我需要找到一个浮点数相对于另一个浮点数的比率,并且这个比率需要是两个整数。例如:
- 输入:
1.5, 3.25 - 输出:
"6:13"
有人知道如何实现吗?我在搜索引擎上没有找到这样的算法,也没有找到用于两个浮点数(而不是整数)的最小公倍数或最小公约数的算法。
Java实现代码:
这是最终的实现代码:
public class RatioTest
{
public static String getRatio(double d1, double d2)//1.5, 3.25
{
while(Math.max(d1,d2) < Long.MAX_VALUE && d1 != (long)d1 && d2 != (long)d2)
{
d1 *= 10;//15 -> 150
d2 *= 10;//32.5 -> 325
}
//d1 == 150.0
//d2 == 325.0
try
{
double gcd = getGCD(d1,d2);//gcd == 25
return ((long)(d1 / gcd)) + ":" + ((long)(d2 / gcd));//"6:13"
}
catch (StackOverflowError er)//in case getGDC (a recursively looping method) repeats too many times
{
throw new ArithmeticException("Irrational ratio: " + d1 + " to " + d2);
}
}
public static double getGCD(double i1, double i2)//(150,325) -> (150,175) -> (150,25) -> (125,25) -> (100,25) -> (75,25) -> (50,25) -> (25,25)
{
if (i1 == i2)
return i1;//25
if (i1 > i2)
return getGCD(i1 - i2, i2);//(125,25) -> (100,25) -> (75,25) -> (50,25) -> (25,25)
return getGCD(i1, i2 - i1);//(150,175) -> (150,25)
}
}
->表示循环或方法调用中的下一个阶段
Mystical的Java实现:
尽管我最终没有使用它,但它值得被认可,因此我将其翻译成了Java,以便我能够理解:
import java.util.Stack;
public class RatioTest
{
class Fraction{
long num;
long den;
double val;
};
Fraction build_fraction(Stack<long> cf){
long term = cf.size();
long num = cf[term - 1];
long den = 1;
while (term-- > 0){
long tmp = cf[term];
long new_num = tmp * num + den;
long new_den = num;
num = new_num;
den = new_den;
}
Fraction f;
f.num = num;
f.den = den;
f.val = (double)num / (double)den;
return f;
}
void get_fraction(double x){
System.out.println("x = " + x);
// Generate Continued Fraction
System.out.print("Continued Fraction: ");
double t = Math.abs(x);
double old_error = x;
Stack<long> cf;
Fraction f;
do{
// Get next term.
long tmp = (long)t;
cf.push(tmp);
// Build the current convergent
f = build_fraction(cf);
// Check error
double new_error = Math.abs(f.val - x);
if (tmp != 0 && new_error >= old_error){
// New error is bigger than old error.
// This means that the precision limit has been reached.

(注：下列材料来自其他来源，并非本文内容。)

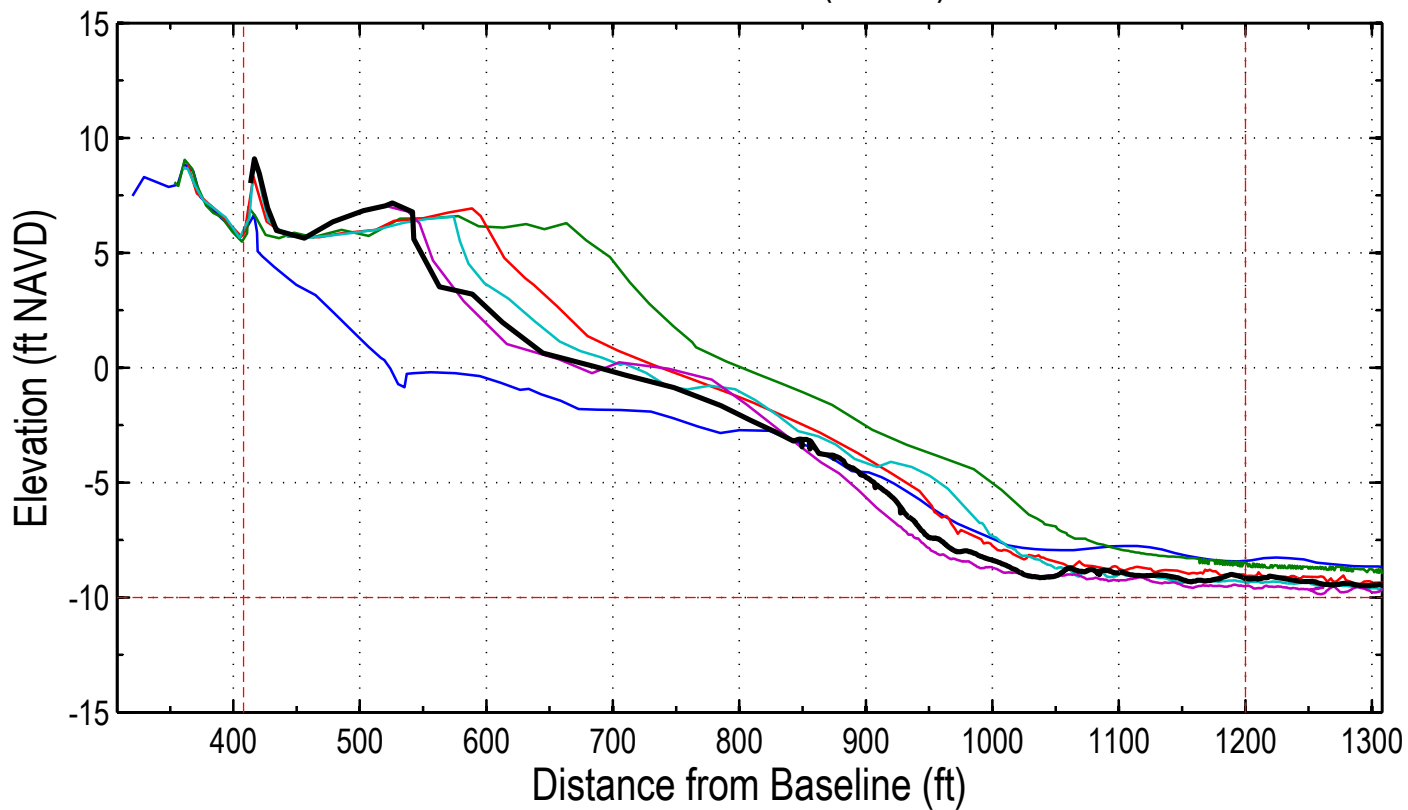

Station: 248+00 (26+00)

Station: 248+00 (26+00)

Station: 250+00 (28+00)

Station: 250+00 (28+00)

Station: 252+00 (30+00)

Station: 252+00 (30+00)

Station: 254+00 (32+00) (Seagrove Villas)

Station: 254+00 (32+00) (Seagrove Villas)

Station: 256+00 (34+00)

Station: 256+00 (34+00)

Station: 258+00 (36+00) BEACHWOOD EAST (SOUTH) - SCCC 3167

Station: 258+00 (36+00) BEACHWOOD EAST (SOUTH) - SCCC 3167

Station: 260+00 (38+00)

Station: 260+00 (38+00)

// Pop this (useless) term and break out.
cf.pop();
f = build_fraction(cf);
break;
}
old_error = new_error;
System.out.print(tmp + ", ");
// Error is zero. Break out.
if (new_error == 0)
break;
t -= tmp;
t = 1/t;
}while (cf.size() < 39); // At most 39 terms are needed for double-precision.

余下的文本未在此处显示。